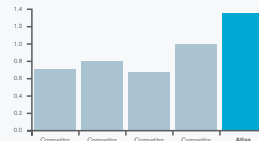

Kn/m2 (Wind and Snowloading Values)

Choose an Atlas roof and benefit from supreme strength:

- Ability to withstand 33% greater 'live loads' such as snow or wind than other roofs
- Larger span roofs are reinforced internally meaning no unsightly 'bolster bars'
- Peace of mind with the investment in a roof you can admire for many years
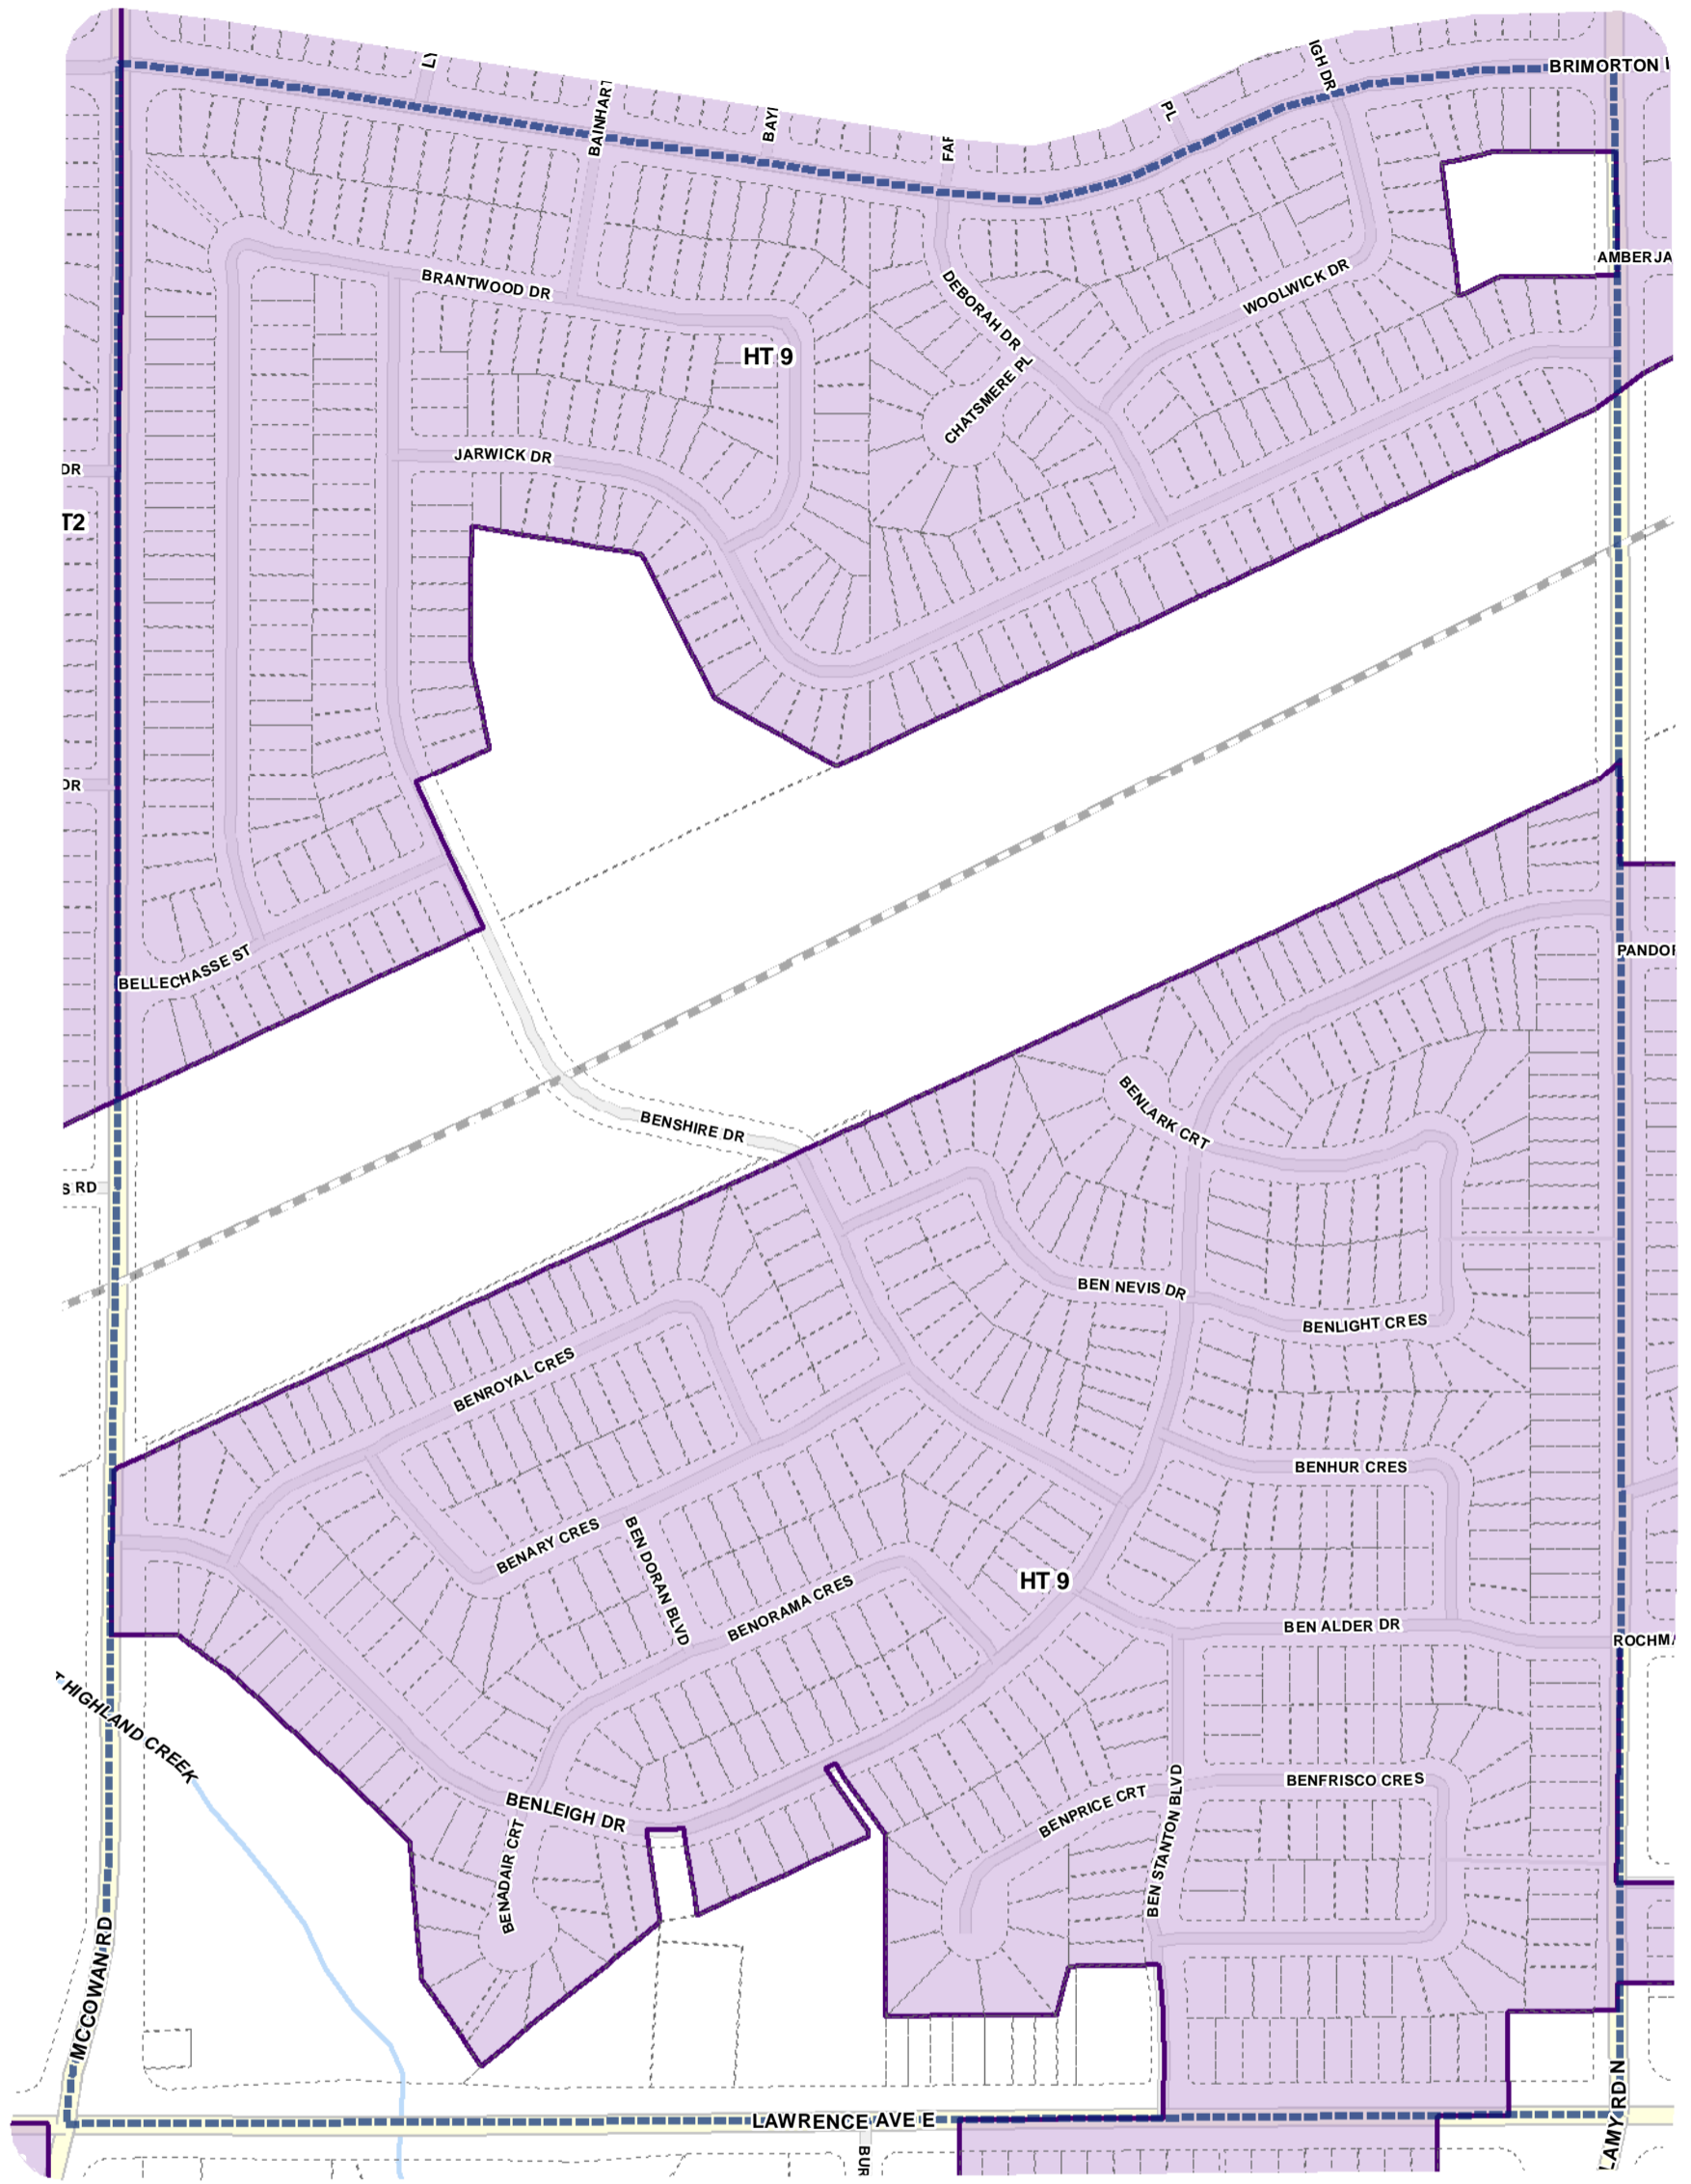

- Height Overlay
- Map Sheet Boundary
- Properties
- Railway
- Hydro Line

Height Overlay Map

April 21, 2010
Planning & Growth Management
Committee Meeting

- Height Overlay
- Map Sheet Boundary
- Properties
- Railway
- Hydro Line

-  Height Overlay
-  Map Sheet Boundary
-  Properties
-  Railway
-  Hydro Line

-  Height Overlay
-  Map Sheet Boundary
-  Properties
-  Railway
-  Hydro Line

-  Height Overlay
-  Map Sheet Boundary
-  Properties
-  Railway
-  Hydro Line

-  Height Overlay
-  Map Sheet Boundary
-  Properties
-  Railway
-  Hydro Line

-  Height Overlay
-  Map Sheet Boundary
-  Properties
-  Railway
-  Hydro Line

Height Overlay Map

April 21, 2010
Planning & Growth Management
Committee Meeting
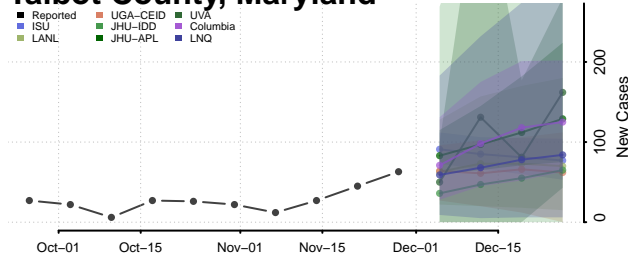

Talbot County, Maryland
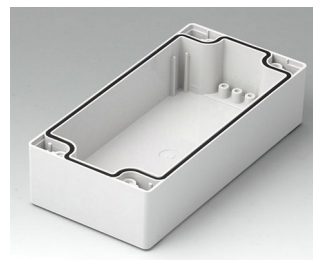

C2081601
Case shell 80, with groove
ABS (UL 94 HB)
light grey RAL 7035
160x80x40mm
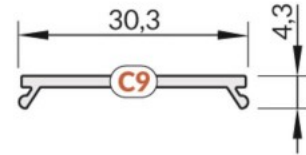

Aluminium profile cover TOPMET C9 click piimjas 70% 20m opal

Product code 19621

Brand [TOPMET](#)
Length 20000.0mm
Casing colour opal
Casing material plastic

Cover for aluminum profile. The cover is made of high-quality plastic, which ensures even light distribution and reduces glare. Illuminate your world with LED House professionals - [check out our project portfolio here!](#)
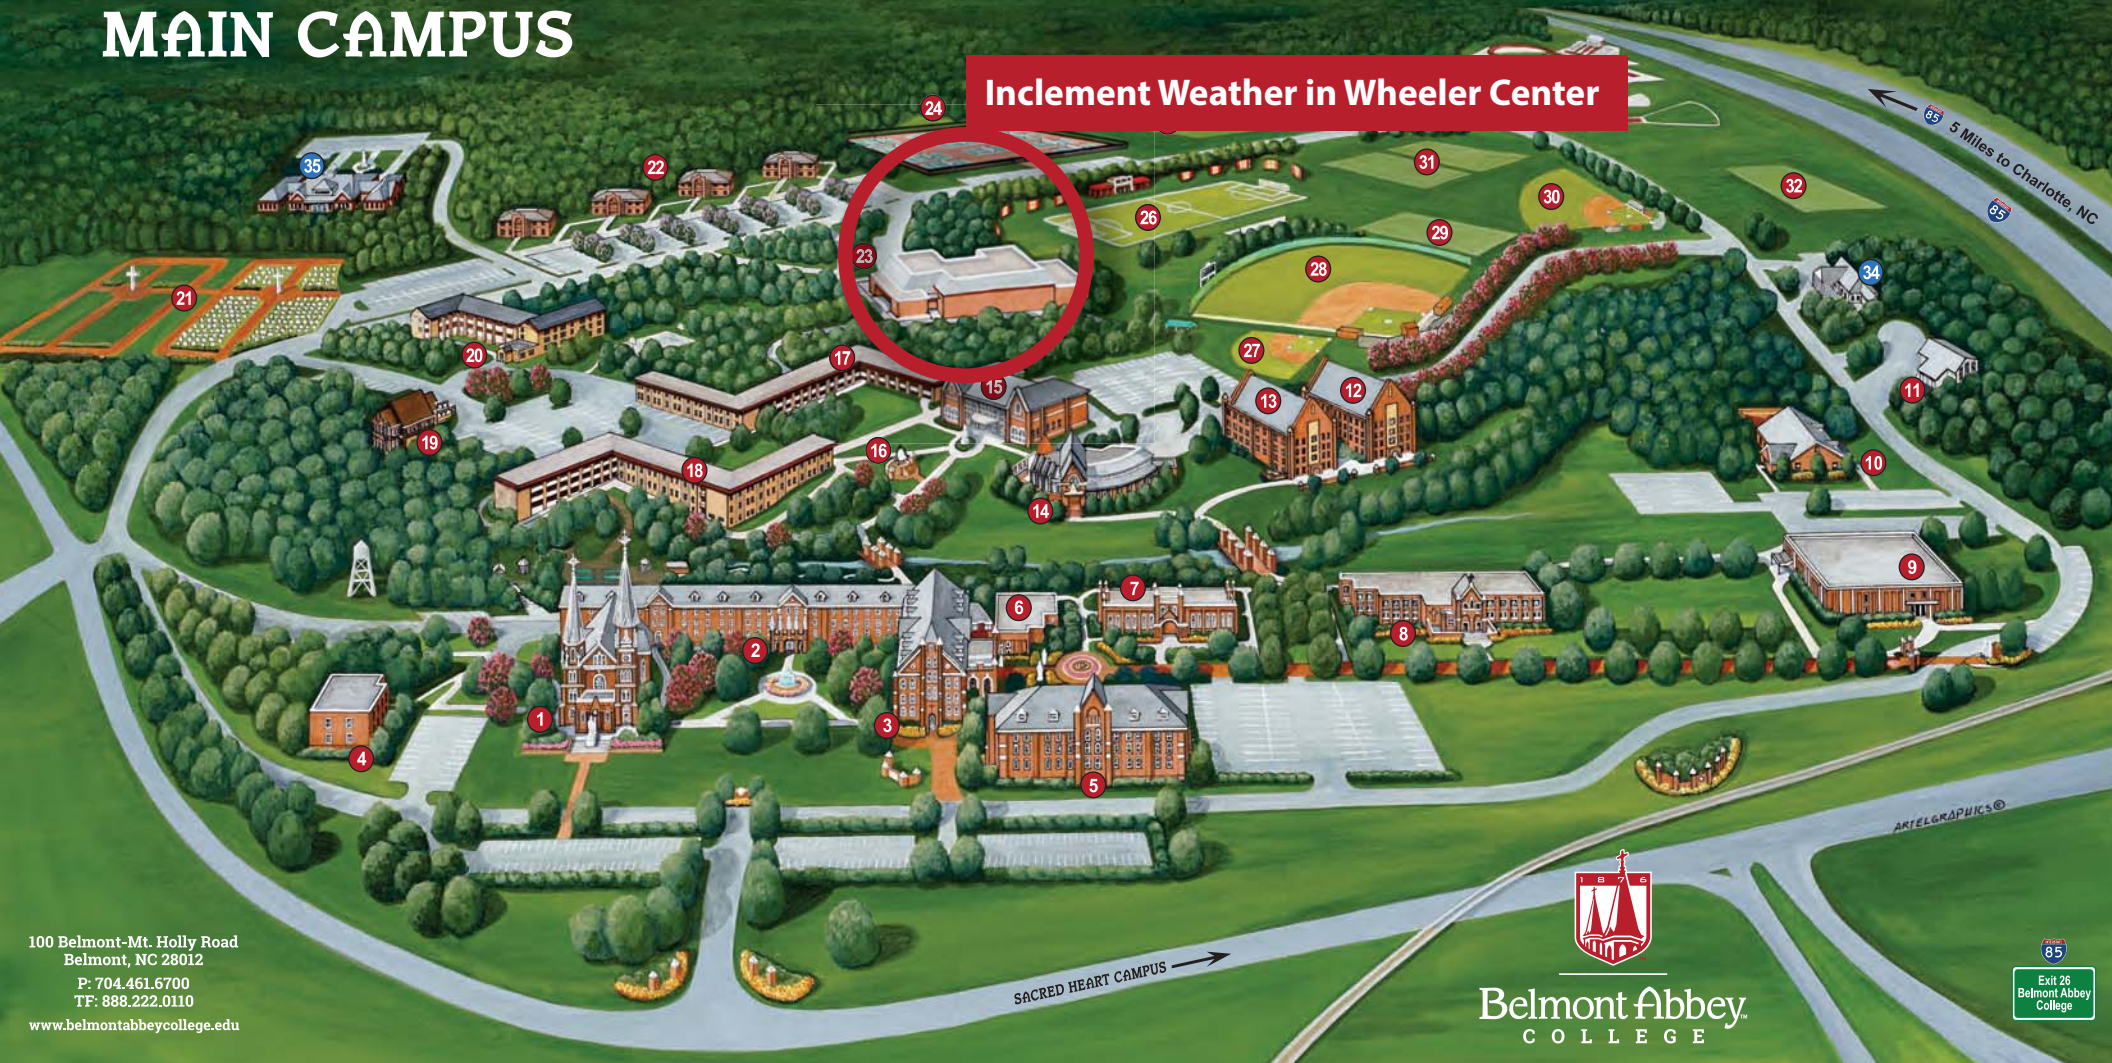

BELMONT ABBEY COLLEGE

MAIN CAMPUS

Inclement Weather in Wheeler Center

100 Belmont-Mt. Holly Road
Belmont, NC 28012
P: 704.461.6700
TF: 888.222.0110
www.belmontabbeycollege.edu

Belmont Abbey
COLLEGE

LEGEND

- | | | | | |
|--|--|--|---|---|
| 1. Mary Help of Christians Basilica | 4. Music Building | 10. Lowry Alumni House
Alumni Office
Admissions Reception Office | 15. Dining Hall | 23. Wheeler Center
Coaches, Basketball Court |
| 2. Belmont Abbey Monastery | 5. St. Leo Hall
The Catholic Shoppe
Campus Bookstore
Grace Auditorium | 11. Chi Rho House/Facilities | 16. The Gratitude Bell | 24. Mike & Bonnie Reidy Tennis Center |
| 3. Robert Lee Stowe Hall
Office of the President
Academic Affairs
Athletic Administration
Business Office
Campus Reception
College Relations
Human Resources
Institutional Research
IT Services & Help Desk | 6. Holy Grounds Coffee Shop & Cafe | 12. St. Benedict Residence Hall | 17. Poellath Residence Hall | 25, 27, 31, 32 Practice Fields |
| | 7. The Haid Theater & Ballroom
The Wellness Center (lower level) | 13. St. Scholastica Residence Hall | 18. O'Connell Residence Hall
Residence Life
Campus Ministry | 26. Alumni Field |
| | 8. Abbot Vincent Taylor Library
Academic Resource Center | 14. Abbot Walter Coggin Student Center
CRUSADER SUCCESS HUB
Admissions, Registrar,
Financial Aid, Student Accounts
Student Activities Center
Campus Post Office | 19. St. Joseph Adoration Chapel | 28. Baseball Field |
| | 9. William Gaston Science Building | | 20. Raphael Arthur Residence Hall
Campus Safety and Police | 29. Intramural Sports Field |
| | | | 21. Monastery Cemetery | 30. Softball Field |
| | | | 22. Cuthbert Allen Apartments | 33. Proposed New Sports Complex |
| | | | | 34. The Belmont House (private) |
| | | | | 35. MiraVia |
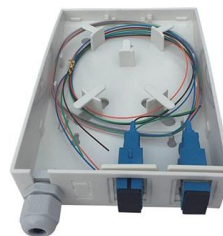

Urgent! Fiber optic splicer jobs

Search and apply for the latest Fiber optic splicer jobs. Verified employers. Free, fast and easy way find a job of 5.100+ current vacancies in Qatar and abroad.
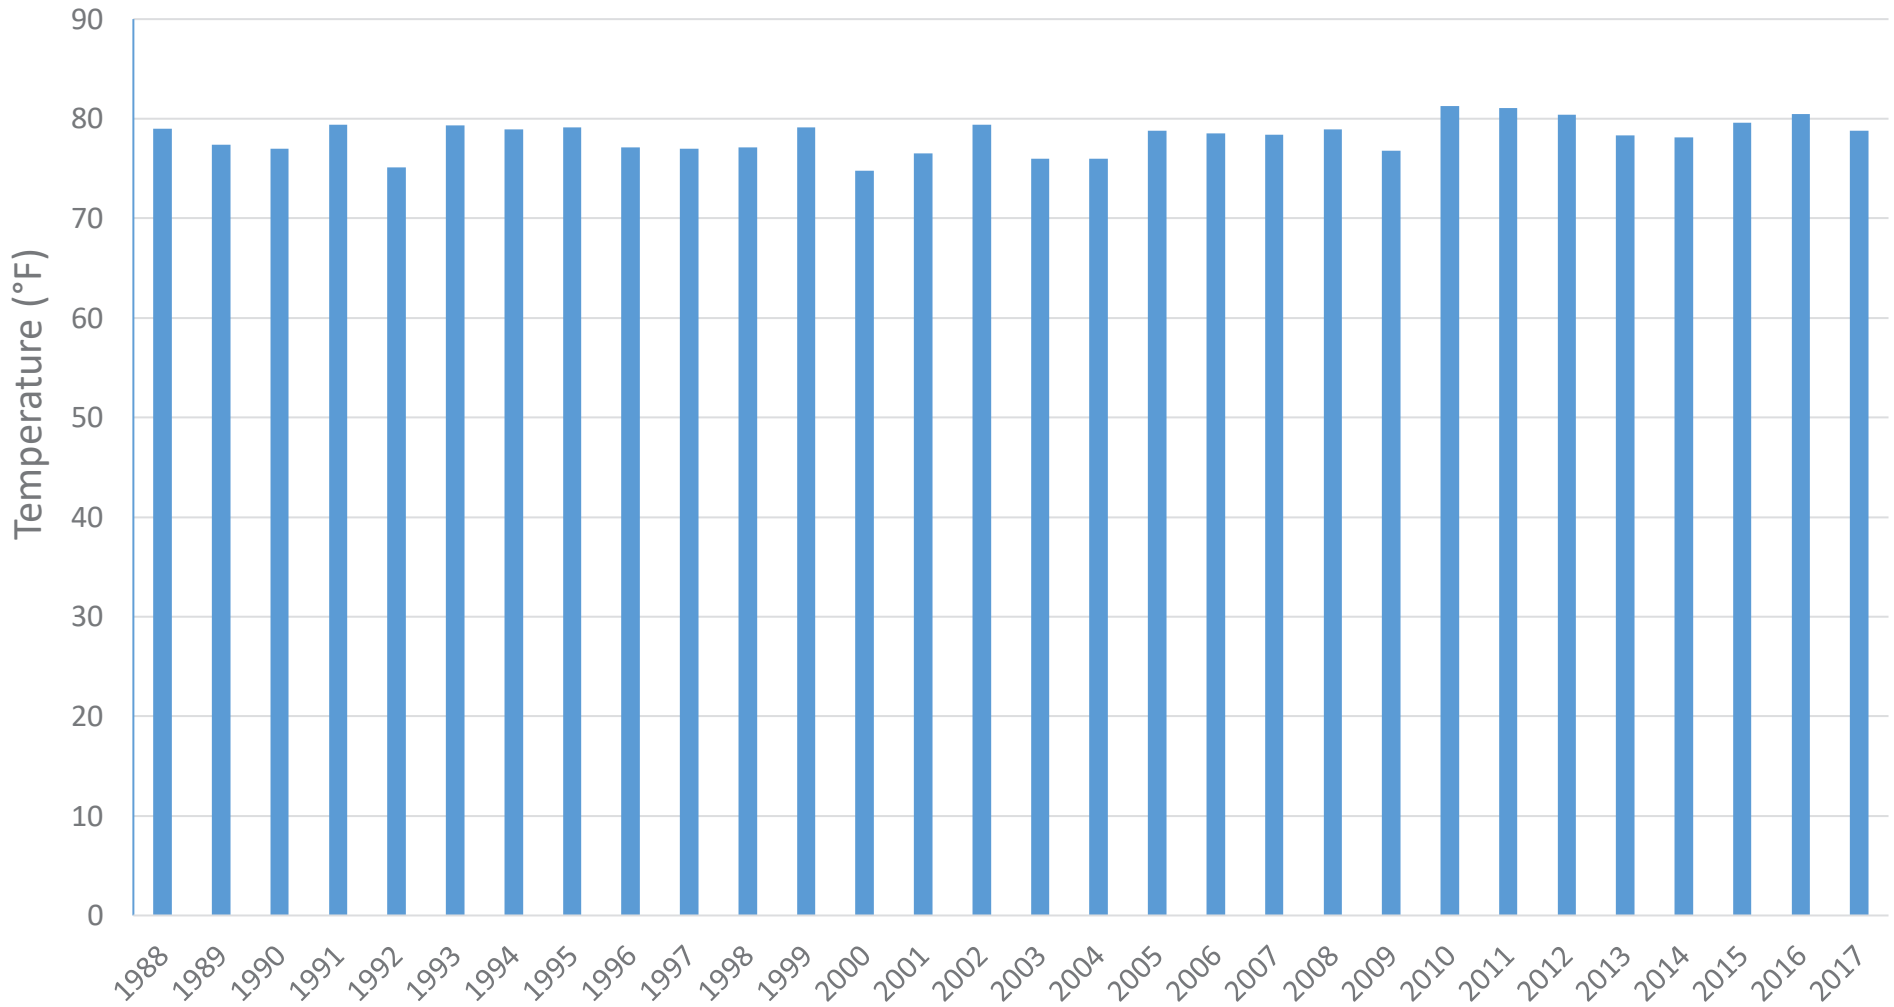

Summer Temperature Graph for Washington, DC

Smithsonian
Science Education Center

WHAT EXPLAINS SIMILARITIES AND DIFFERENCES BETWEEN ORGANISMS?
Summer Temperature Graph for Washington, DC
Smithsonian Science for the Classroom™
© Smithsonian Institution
════════════════
Exercise details: Beginning at the line that contains "CRUSADER SUCCESS HUB", copy each remaining line of the records exactly, through the final one. Omit the pictures.

Answer box:
CRUSADER SUCCESS HUB
Admissions, Registrar,
Financial Aid, Student Accounts
Student Activities Center
Campus Post Office | 19. St. Joseph Adoration Chapel | 28. Baseball Field |
| | 9. William Gaston Science Building | | 20. Raphael Arthur Residence Hall
Campus Safety and Police | 29. Intramural Sports Field |
| | | | 21. Monastery Cemetery | 30. Softball Field |
| | | | 22. Cuthbert Allen Apartments | 33. Proposed New Sports Complex |
| | | | | 34. The Belmont House (private) |
| | | | | 35. MiraVia |

Urgent! Fiber optic splicer jobs

Search and apply for the latest Fiber optic splicer jobs. Verified employers. Free, fast and easy way find a job of 5.100+ current vacancies in Qatar and abroad.

Summer Temperature Graph for Washington, DC

Smithsonian
Science Education Center

WHAT EXPLAINS SIMILARITIES AND DIFFERENCES BETWEEN ORGANISMS?
Summer Temperature Graph for Washington, DC
Smithsonian Science for the Classroom™
© Smithsonian Institution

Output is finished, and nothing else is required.